Simple and fast url shortener using #tornadoweb and #couchdb
It was surprisingly simple to create, and so far, very fast. I'd also imagine it would scale quite well.
So if you're not familiar with either tornado or couchdb, you're probably not reading this, as the title was probably not interesting enough to get you to come here. However, if for some reason you chose to read this entry and have never heard of either of those, then I highly suggest you check them out.
Tornado web is a VERY simple python based web framework that is based on an asynchronous design (basically how nginx works), where a single process can multiplex thousands of simultaneous network connections efficiently using modern features of the linux kernel (epoll). Basically what epoll does, is notify the process when new data is available on a network connection. So the single process is free to do whatever work it needs to do while it waits for more data from the client.
Now, the benefits of doing things asynchronously are lost if the process blocks for any reason (say you're transcoding video, or performing a horribly written db query). If the process blocks, then the clients starve. This is normally not an issue with multi-process or multi-threaded applications, as if one process or thread blocks, the others can continue to work. But, if there's only one process, this becomes an issue.
Most tasks, however, finish so fast, the client doesn't notice. It does mean though, that if you make network connections inside the server process (say to query a database), it's preferable if you can make them asynchronous as well. For this reason, I chose CouchDB for the database. Basically, CouchDB is a JSON document database (it stores objects, each object is a JSON encoded object), that speaks a simple RESTful (i.e. over HTTP) protocol. This was ideal, as I could perform asynchronous database queries.

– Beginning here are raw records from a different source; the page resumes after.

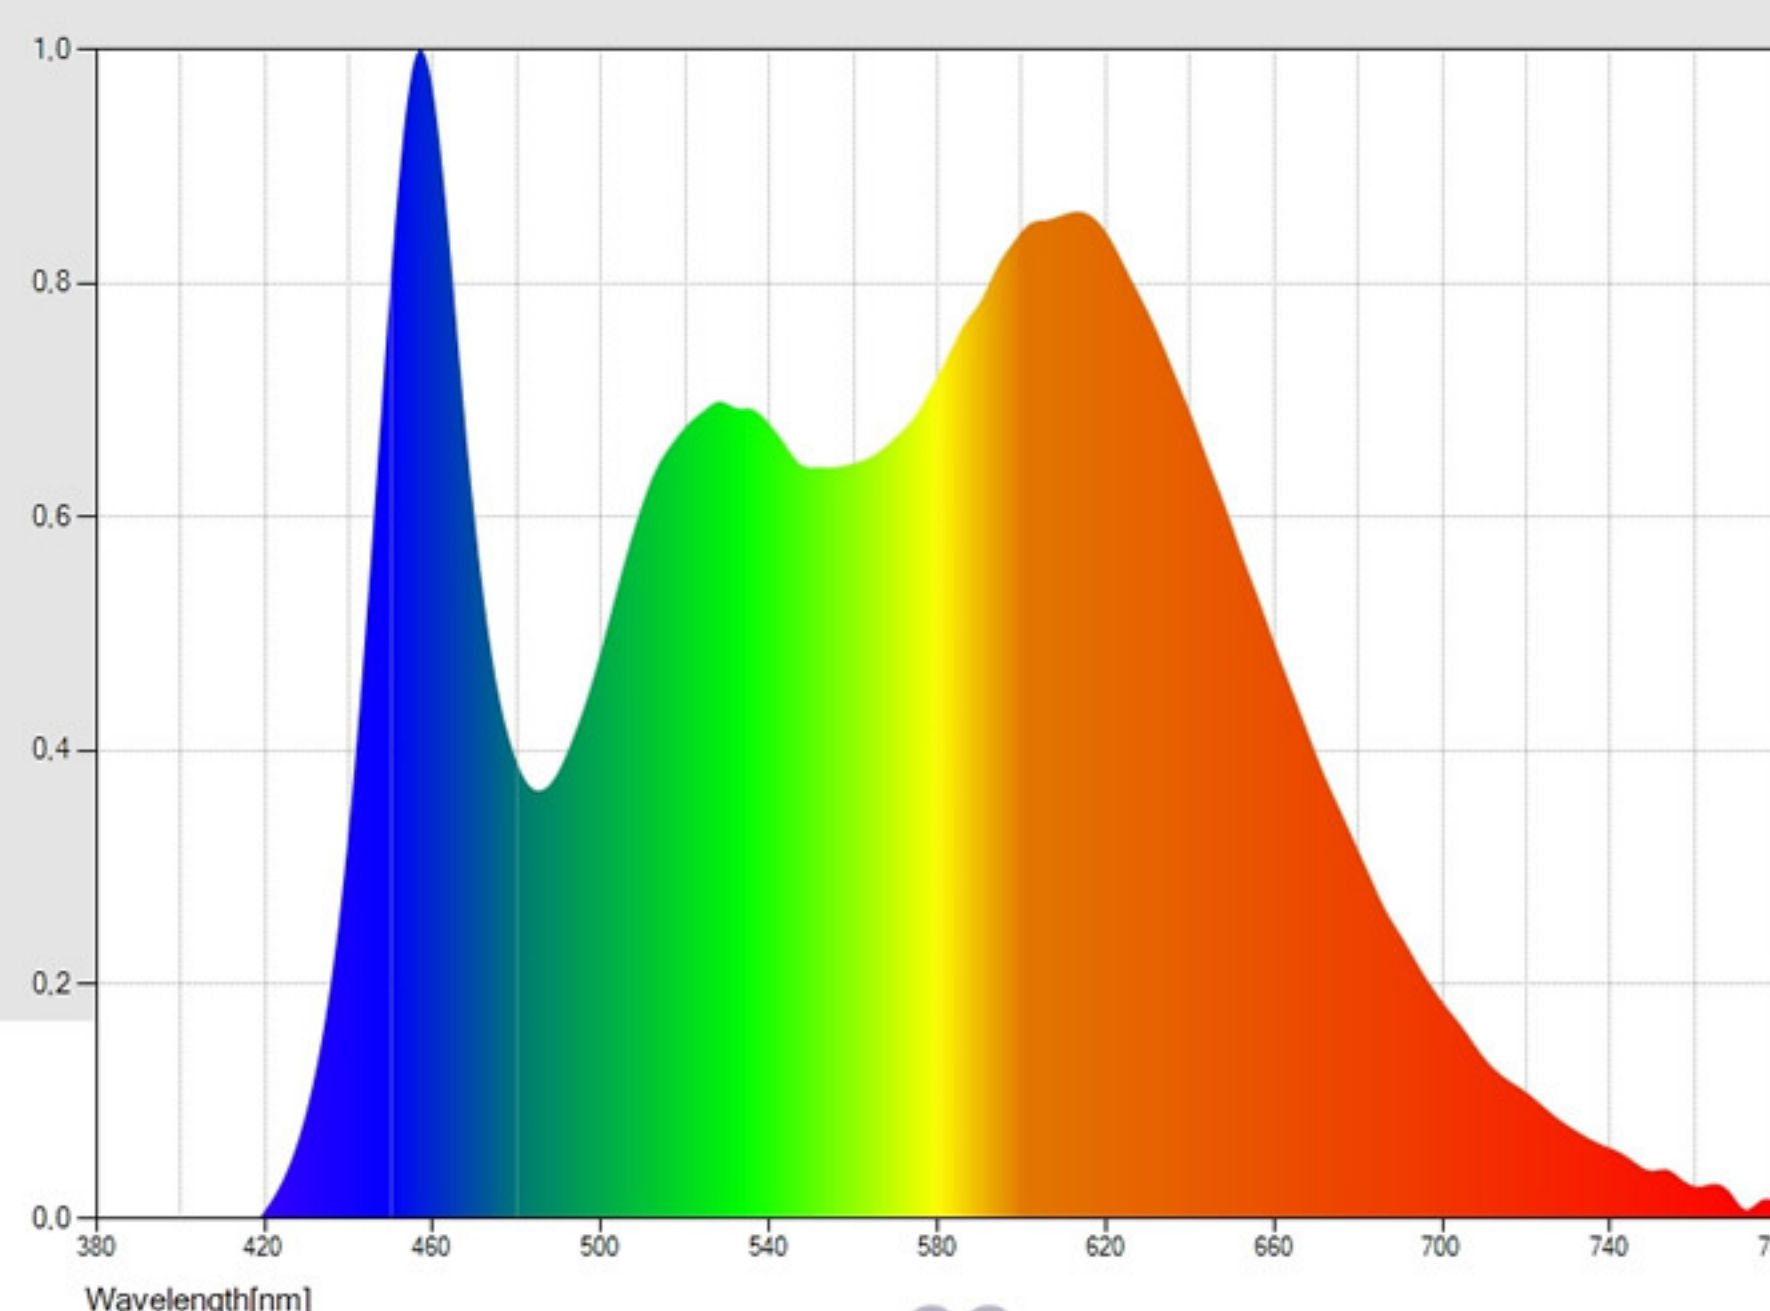

MZ-LED176

Ένταση Φωτισμού	Lux @0.6μ	Lux @1μ	Lux @2μ	Lux @3μ	Lux @6μ	Lum (Flux)	Θερμοκρασία μέτρησης	Πιό ισχυρό από
MZ-LED176C	7500	2700	675	300	75	7.900	5600K	LED500 Panels
MZ-LED176C με 60° Φακό	22.500	8100	2025	900	225	7.900	5600K	LED600 Panels
MZ-LED176C με 30° Φακό	37.500	13.500	3375	1500	375	7.900	5600K	LED800 Panels
MZ-LED176B	7000	2500	625	280	69	7.300	4350K	LED500 Panels
MZ-LED176B με 60° Φακό	21.000	7500	1875	840	207	7.300	4350K	LED600 Panels
MZ-LED176B με 30° Φακό	35.000	12.500	3125	1400	345	7.300	4350K	LED800 Panels
MZ-LED176W	6500	2300	575	250	64	6.700	3100K	LED500 Panels
MZ-LED176W με 60° Φακό	19.500	6900	1725	750	192	6.700	3100K	LED600 Panels
MZ-LED176W με 30° Φακό	32.500	11.500	2875	1250	320	6.700	3100K	LED800 Panels

Τροφοδοσία	Κατανάλωση	Ώρες λειτουργίας με μπαταρία MZ-V95	Ώρες λειτουργίας με μπαταρία MZ-V150	Ώρες λειτουργίας με μπαταρία MZ-V190	Ώρες λειτουργίας με 2 μπαταρίες MZ-NPF990
Boost OFF	35Watt	162 λεπτά	258 λεπτά	326 λεπτά	340 λεπτά
Boost ON	54Watt	106 λεπτά	167 λεπτά	212 λεπτά	220 λεπτά

Βύσμα: 4pin XLR Αρσενικό 7-17V DC είσοδος

Μπαταρίες: V-Lock, G-Lock & NPF μπαταρίες με τους αντάπτορες της MZ και BPU ή BPA60 μπαταρίες με D-TAP σύνδεση.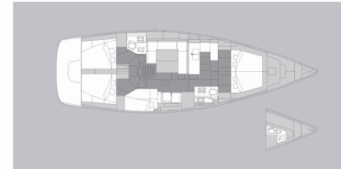

# ELAN IMPRESSION 50.1

SkyFall

El Velero Elan Impression 50.1 „SkyFall“, construido en el año 2023, está amarrado en Marina Punat, Krk, Punat (Krk) - Croacia. El yate tiene 5 cabinas, puede alojar a 10 + 2 personas y tiene 2 baños/duchas.

**SkyFall**

Año De Producción

**2023**

Longitud

**15.18 m**

Cabins

**5**

Camas

Ok, so enough background, now for the nuts and bolts. Hopefully, if you were already familiar with these two projects, you would have just skipped down to here. So the basic architecture of my service is:
NGINX -> Tornado Web App -> CouchDB
All front end requests are handled by nginx, which proxies the request to the tornado app. The tornado app parses the URI for the base36 encoded string at the end, and then uses that as the document id in a couchdb lookup. So it basically sees a GET request from a client, takes the ID being asked for, does an async GET request of it's own to couchdb. When the couchdb request returns, it calls a callback function, which parses the JSON document from couch, pulls out the URL and sends a 301 redirect to the client with the URL that was fetched.
Now, at this point, I also added an extra step, just after it sends the redirect, it performs a PUT asynchronously back to couchdb to log the request with useful info (like user-agent string, remote IP, etc). All this info could be parsed from the nginx logs and stuck into couch later for analytics, but it doesn't seem to impact performance at this point, so I'm keeping it in there for now.
I've done some very basic preliminary testing, and I have to say, it seems to be just as fast, if not in some cases faster, than the top url shortening services out there. And since it's all asynchronous, it can scale up like nobodies business. In creased number or requests per second, just add a few more of the tornado app servers. If the couchdb server gets bogged down, you can load balance it as well.
Now, one final note here. This isn't a full blown url shortening service, as there is no way to ADD urls to the DB. Atleast not via a public interface at this point (there might never be). This is because this service is actually just going to be a part of a larger service/site that I'm working on, and so there will be no need to publicly create them (they'll be created on the back end automatically for things).
Where's the code you ask? Well, I may publish it in the future (right now it's kind of ugly). If anyone asks nicely (and therefore cares), I'll put the simple code up some where.
That's all for now though.